● **TASK REQUIREMENTS**
Use the entries below and reproduce exactly the lines from the one containing "57 Park View" down to the one containing "6 Ellerclose Road", both of them included.
:: THE DATA
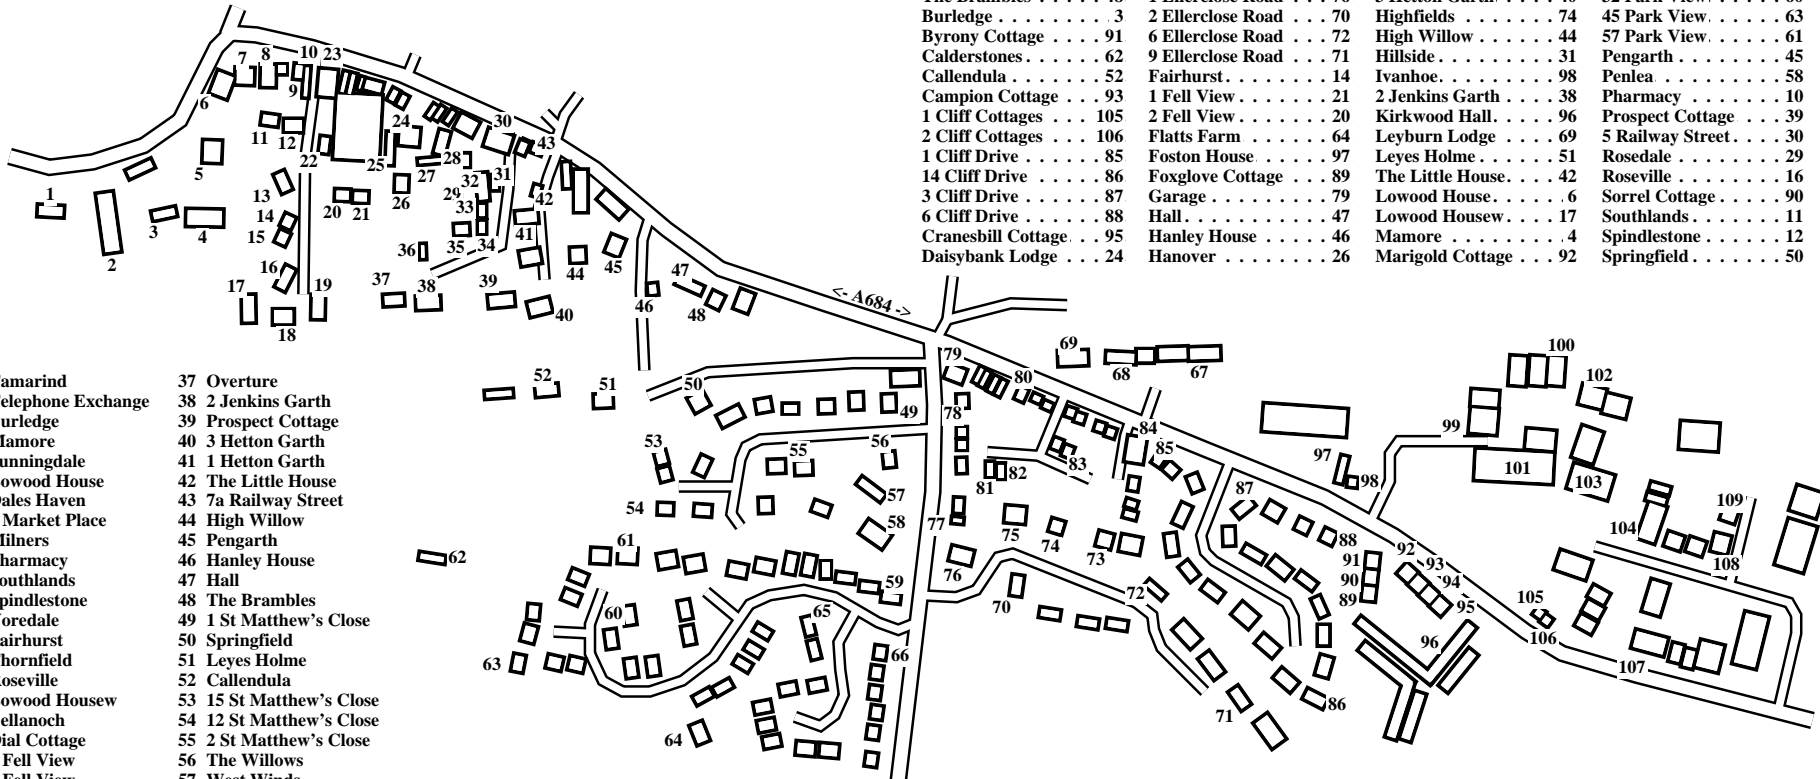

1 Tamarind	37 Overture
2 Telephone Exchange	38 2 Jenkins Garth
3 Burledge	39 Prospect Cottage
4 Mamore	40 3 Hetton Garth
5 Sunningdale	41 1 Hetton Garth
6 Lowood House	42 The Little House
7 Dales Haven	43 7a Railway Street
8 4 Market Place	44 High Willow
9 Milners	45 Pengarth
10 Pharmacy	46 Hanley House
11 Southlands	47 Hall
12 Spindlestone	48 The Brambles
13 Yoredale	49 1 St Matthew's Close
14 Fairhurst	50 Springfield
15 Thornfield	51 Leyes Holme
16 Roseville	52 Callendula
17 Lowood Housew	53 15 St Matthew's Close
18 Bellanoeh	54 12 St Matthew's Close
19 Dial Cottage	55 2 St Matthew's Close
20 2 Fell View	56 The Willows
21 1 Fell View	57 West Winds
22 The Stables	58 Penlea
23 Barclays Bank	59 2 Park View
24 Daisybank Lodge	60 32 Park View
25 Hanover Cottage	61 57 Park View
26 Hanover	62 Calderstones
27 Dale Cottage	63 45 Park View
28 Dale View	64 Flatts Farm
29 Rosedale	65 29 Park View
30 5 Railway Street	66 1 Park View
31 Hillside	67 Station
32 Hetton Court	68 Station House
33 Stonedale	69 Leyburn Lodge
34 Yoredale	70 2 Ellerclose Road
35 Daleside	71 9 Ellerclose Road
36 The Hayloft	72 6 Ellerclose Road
::::
:: THE DATA
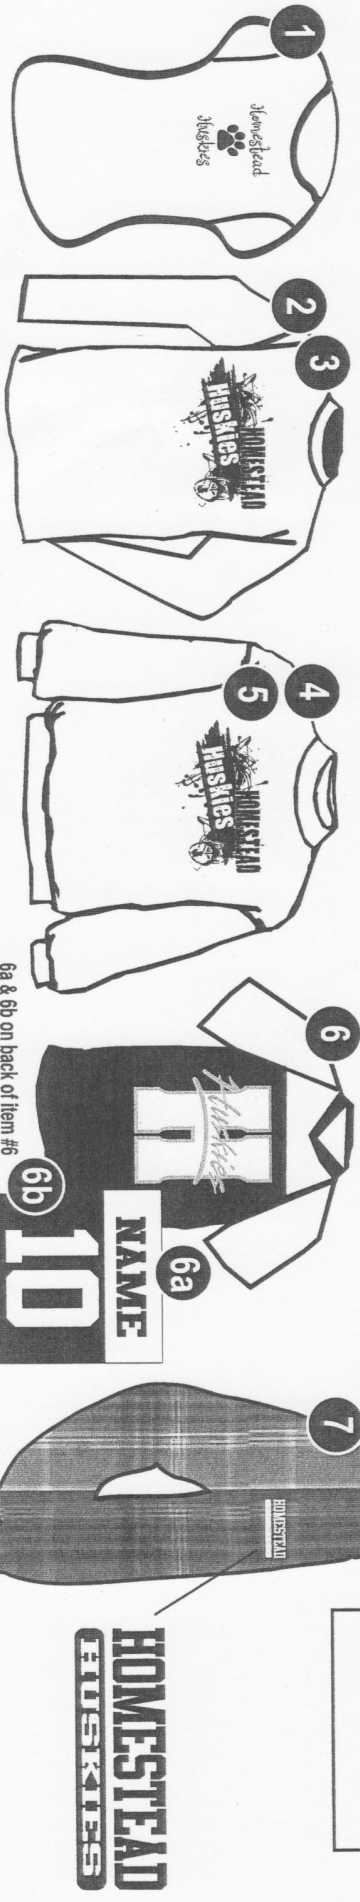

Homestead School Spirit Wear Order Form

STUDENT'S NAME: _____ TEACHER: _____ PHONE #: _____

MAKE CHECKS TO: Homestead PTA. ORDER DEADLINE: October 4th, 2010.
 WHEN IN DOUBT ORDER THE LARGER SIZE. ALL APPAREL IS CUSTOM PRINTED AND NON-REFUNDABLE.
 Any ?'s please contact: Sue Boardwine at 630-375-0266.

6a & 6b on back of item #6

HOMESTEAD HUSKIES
::::
● **EXPECTED OUTPUT**
25 Hanover Cottage	61 57 Park View
26 Hanover	62 Calderstones
27 Dale Cottage	63 45 Park View
28 Dale View	64 Flatts Farm
29 Rosedale	65 29 Park View
30 5 Railway Street	66 1 Park View
31 Hillside	67 Station
32 Hetton Court	68 Station House
33 Stonedale	69 Leyburn Lodge
34 Yoredale	70 2 Ellerclose Road
35 Daleside	71 9 Ellerclose Road
36 The Hayloft	72 6 Ellerclose Road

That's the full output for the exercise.